RECORDS FOR PROCESSING
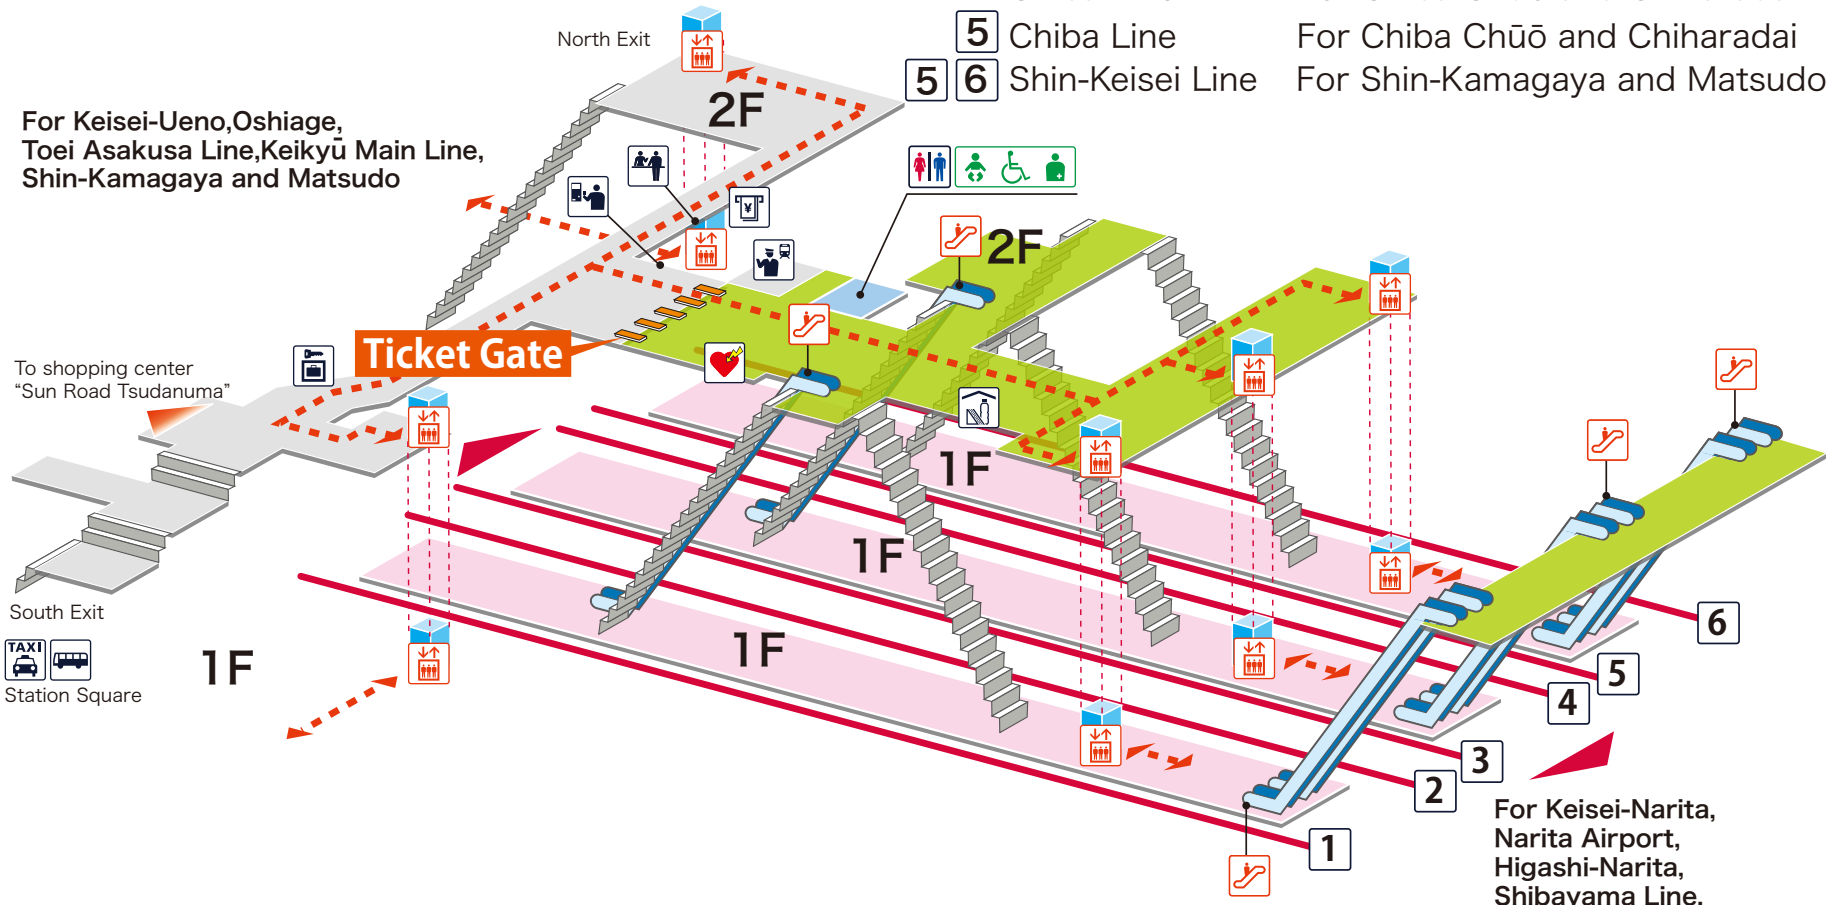

**Legend**

- Station Office
- Tickets/Fair Adjustment Office
- Commuting Pass Ticket Office
- Limited Express Ticket Window
- Vending Machine for Commuting Pass
- Vending Machine for Limited Express Ticket
- Elevator
- Escalator
- Stair Lift
- Slope
- Restroom
- Baby Seat
- Wheelchair Restroom
- Ostomate
- Shop
- Convenience Store
- Waiting Room
- Lost and Found
- Café
- AED (Automated External Defibrillator)
- ATM
- Coin Locker
- Bus Stop
- Taxi Stand
- Question & answer
- Information

- 1 2** Keisei Main Line For Keisei-Ueno, Oshiage, Toei Asakusa Line, and Keikyū Main Line
- 3 4** Keisei Main Line For Keisei-Narita, Narita Airport, Higashi-Narita, and Shibayama Tetsudo Line
- Chiba Line For Chiba Chūō and Chiharadai
- 5** Chiba Line For Chiba Chūō and Chiharadai
- 5 6** Shin-Keisei Line For Shin-Kamagaya and Matsudo

For Keisei-Ueno, Oshiage, Toei Asakusa Line, Keikyū Main Line, Shin-Kamagaya and Matsudo

To shopping center "Sun Road Tsudanuma"

South Exit

TAXI Bus Station Square

For Keisei-Narita, Narita Airport, Higashi-Narita, Shibayama Line, Chiba Chūō, and Chiharadai

- On Platform
- Inside Ticket Gate
- Outside Ticket Gate
- Barrier-Free Route

WORK INSTRUCTIONS
Exactly the lines from the one containing "- 5 6** Shin-Keisei" to the final line of the data, both included, should be printed, and nothing more.

ANSWER FOR THIS EXERCISE
- 5 6** Shin-Keisei Line For Shin-Kamagaya and Matsudo

For Keisei-Ueno, Oshiage, Toei Asakusa Line, Keikyū Main Line, Shin-Kamagaya and Matsudo

To shopping center "Sun Road Tsudanuma"

South Exit

TAXI Bus Station Square

For Keisei-Narita, Narita Airport, Higashi-Narita, Shibayama Line, Chiba Chūō, and Chiharadai

- On Platform
- Inside Ticket Gate
- Outside Ticket Gate
- Barrier-Free Route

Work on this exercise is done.